Let's run a comprehensive experiment comparing static vs continuous batching:

In [None]:
def run_inference_comparison_experiment():
    """
    Comprehensive experiment comparing different inference strategies
    
    Educational Focus:
    This experiment demonstrates the practical benefits of advanced
    inference optimizations in realistic workload scenarios.
    """
    
    print("🧪 Starting Comprehensive Inference Comparison")
    print("=" * 60)
    
    # Generate realistic inference workload
    def generate_realistic_requests(num_requests: int = 50) -> List[InferenceRequest]:
        """Generate requests with realistic length distribution"""
        
        request_templates = [
            ("Write a short story about", (50, 150)),    # Short creative
            ("Explain the concept of", (100, 300)),      # Medium explanatory 
            ("Generate Python code for", (20, 100)),     # Short code
            ("Summarize this article", (50, 200)),       # Medium summary
            ("Translate to French:", (10, 50)),          # Short translation
            ("Write a detailed analysis", (200, 500)),   # Long analysis
            ("What is", (10, 30)),                       # Very short QA
            ("Create a comprehensive guide", (300, 800)) # Very long guide
        ]
        
        requests = []
        
        for i in range(num_requests):
            template, (min_tokens, max_tokens) = random.choice(request_templates)
            
            request = InferenceRequest(
                request_id=f"req_{i:03d}",
                prompt=f"{template} topic {i}",
                max_tokens=random.randint(min_tokens, max_tokens),
                temperature=random.uniform(0.7, 1.3)
            )
            
            requests.append(request)
        
        return requests
    
    # Generate workload
    test_requests = generate_realistic_requests(100)
    
    print(f"📊 Generated {len(test_requests)} realistic requests")
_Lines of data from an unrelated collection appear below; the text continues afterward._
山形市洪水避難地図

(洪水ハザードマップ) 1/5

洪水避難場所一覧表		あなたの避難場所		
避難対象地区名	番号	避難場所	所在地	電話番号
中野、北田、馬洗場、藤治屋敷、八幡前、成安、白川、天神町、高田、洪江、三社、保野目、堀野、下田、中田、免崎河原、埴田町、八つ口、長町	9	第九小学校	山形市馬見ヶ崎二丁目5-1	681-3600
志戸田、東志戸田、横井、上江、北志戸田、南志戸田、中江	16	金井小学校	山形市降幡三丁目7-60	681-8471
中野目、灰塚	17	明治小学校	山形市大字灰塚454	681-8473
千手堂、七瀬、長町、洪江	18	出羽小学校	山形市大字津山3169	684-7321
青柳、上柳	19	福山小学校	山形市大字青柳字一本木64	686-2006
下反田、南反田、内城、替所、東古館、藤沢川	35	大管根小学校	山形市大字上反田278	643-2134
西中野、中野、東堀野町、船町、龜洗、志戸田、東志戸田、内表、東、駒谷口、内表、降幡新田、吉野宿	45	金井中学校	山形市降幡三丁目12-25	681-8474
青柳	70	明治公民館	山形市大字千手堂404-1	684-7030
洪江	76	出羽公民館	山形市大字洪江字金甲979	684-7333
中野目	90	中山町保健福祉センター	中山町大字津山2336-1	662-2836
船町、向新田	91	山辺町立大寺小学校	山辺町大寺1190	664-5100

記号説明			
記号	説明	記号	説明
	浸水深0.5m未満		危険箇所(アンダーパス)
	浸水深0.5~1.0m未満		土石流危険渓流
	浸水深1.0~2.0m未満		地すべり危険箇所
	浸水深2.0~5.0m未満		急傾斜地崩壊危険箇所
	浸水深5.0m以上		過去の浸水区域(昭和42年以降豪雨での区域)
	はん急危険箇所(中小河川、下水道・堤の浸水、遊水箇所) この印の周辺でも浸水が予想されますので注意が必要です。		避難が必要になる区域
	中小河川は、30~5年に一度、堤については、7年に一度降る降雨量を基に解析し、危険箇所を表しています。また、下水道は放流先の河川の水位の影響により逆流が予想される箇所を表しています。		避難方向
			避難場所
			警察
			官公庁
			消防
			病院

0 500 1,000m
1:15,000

    token_distribution = [r.max_tokens for r in test_requests]
    print(f"   Token range: {min(token_distribution)} - {max(token_distribution)}")
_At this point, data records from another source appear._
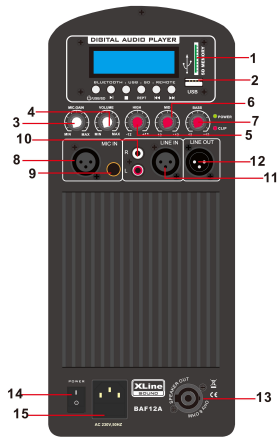

BAF8A

1. USB вход
2. Вход jack 3.5 мм
3. RCA вход
4. Регулировка громкости USB
5. Общая регулировка громкости
6. Регулировка громкости Mic
7. Микрофонный вход (Mic)
8. Линейный выход
9. Выключатель питания
10. Вход питания

BAF10A

1. USB/SD вход
2. Микрофонный вход (Mic)
3. RCA выход
4. RCA вход
5. 3.5 мм Aux вход
6. 3.5 мм Auh вход
7. Регулировка громкости Mic
8. Общая регулировка громкости
9. Регулировка громкости USB/RCA/AUX
10. Регулировка Treble
11. Регулировка Bass
12. SPEAKON выход на пассивную акустику 8Ом
13. Вход питания
14. Выключатель питания

XLR линейный выход

Регулировка Mic ,Master Level, Treble, Mid, Bass

Частотный диапазон: 45Гц-20кГц

Усилитель мощности: 300Вт RMS

Чувствительность 98Дб

Питание AC 230V

Пульт входит в комплект

Вес 21 кг

XLR линейный выход

Регулировка Mic ,Master Level, Treble, Mid, Bass

Частотный диапазон: 50Гц-20кГц

Усилитель мощности: 220Вт RMS

Чувствительность 97Дб

Питание AC 230V

Пульт входит в комплект

Вес 16 кг
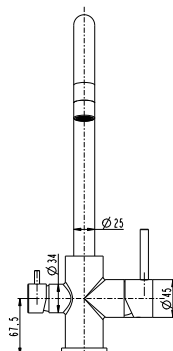

Teknisk data

- Ytbehandling: Förkromad
- Anslutning matning: Slang med löpmutter G10
- Piputsprång: 200 mm
- Total bygghöjd: 405 mm

Artikelnr

8310670
8310671

Utförande

Köksblandare med diskmaskinsavstängning
Köksblandare utan diskmaskinsavstängning
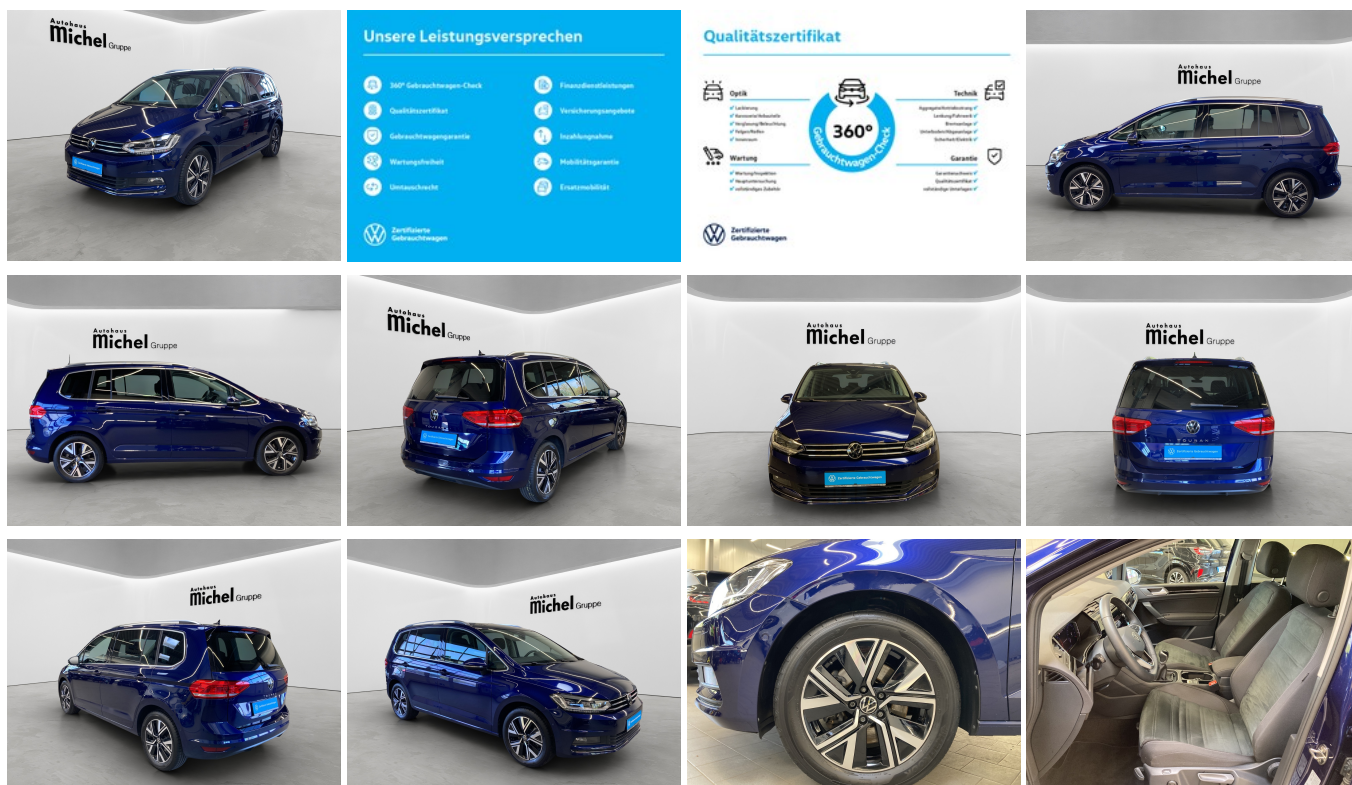

Fahrzeugnummer 26041

Autohaus Michel

Schnellinformationen

Fahrzeugart	Gebrauchtfahrzeug	Klasse	Touran
Kategorie	Van/Kleinbus	Hubraum	1498 cm ³
Erstzulassung	03/2025	Außenfarbe	
Laufleistung	22450 km	Innenfarbe	Schwarz
Leistung	110 kW (150 PS)	Innenausstattung	Andere
Kraftstoffart	Benzin		
Getriebe	Schaltgetriebe		

Umwelt und Normen

Energieverbrauch (kombiniert) in l/100 km:

6,3

CO₂-Emissionen (kombiniert) in g/km:

143,0

CO₂-Klasse:

E

Fahrzeugausstattung

Abstandstempomat	Alarmanlage
Android auto	Anhaengerkupplung
Anhaengerkupplung schwenkbar	Apple carplay
Beheizbare frontscheibe	Bluetooth
Dachreling	Einparkhilfe
Einparkhilfe Sensoren hinten	Einparkhilfe Sensoren vorne
Einparkhilfe selbstlenkendes System	Fernlichtassistent
Freisprecheinrichtung	Innenspiegel automatisch abbl.
Kindersitzbefestigung	Klimaautomatik
Klimaautomatik	Klimaautomatik 2 zonen
Klimaautomatik 3 zonen	Kurvenlicht
Led-Scheinwerfer	Lederlenkrad
Lordosenstutze	Massagesitz
Metallic	Multifunktionslenkrad
Mu'digkeitswarnsystem	Navigationssystem
Nebelscheinwerfer	Nichtraucher Fahrzeug
Notbremsassistent	Notrufsystem
Qualitaetssiegel	Regensensor
Reifendruckkontrollsystem	Sitzheizung
Spurhalteassistent	Spurwechselassistent
Start Stop Automatik	Tagfahrlicht
Tempomat	Touchscreen
Tuner oder Radio	USB
Verkehrszeichenerkennung	ambientes Licht
dab-radio	elektrische Sitzeinstellung
induktionsladen Smartphones	schlüssellose Zentralsverriegelung
volldigitales Kombiinstrument

    print(f"   Average tokens: {np.mean(token_distribution):.1f}")
    print(f"   Median tokens: {np.median(token_distribution):.1f}")
    
    results = {}
    
    # Test 1: Continuous Batching
    print(f"\n🔄 Testing Continuous Batching Engine...")
    
    continuous_engine = ContinuousBatchingEngine(
        max_batch_size=16,
        max_sequence_length=2048,
        block_size=16,
        total_blocks=2000
    )
    
    try:
        # Start processing
        continuous_start = time.time()
        continuous_engine.start_processing()
        
        # Add requests with realistic timing
        for i, request in enumerate(test_requests):
            # Create fresh request to avoid state issues
            fresh_request = InferenceRequest(
                request_id=f"continuous_{request.request_id}",
                prompt=request.prompt,
                max_tokens=request.max_tokens,
                temperature=request.temperature
            )
            
            continuous_engine.add_request(fresh_request)
            
            # Realistic request arrival pattern (Poisson-like)
            if i % 10 == 0:  # Print progress
                print(f"   Added {i+1}/{len(test_requests)} requests")
            
            # Small random delay between requests
            time.sleep(random.uniform(0.01, 0.05))
        
        print("   All requests submitted, waiting for completion...")
        
        # Wait for completion with status updates
        wait_start = time.time()
        max_wait_time = 30.0  # 30 seconds max wait
        
        while (len(continuous_engine.completed_requests) < len(test_requests) and 
               (time.time() - wait_start) < max_wait_time):
            
            time.sleep(1.0)  # Check every second
            
            # Status update every 5 seconds
            if int(time.time() - wait_start) % 5 == 0:
                completed = len(continuous_engine.completed_requests)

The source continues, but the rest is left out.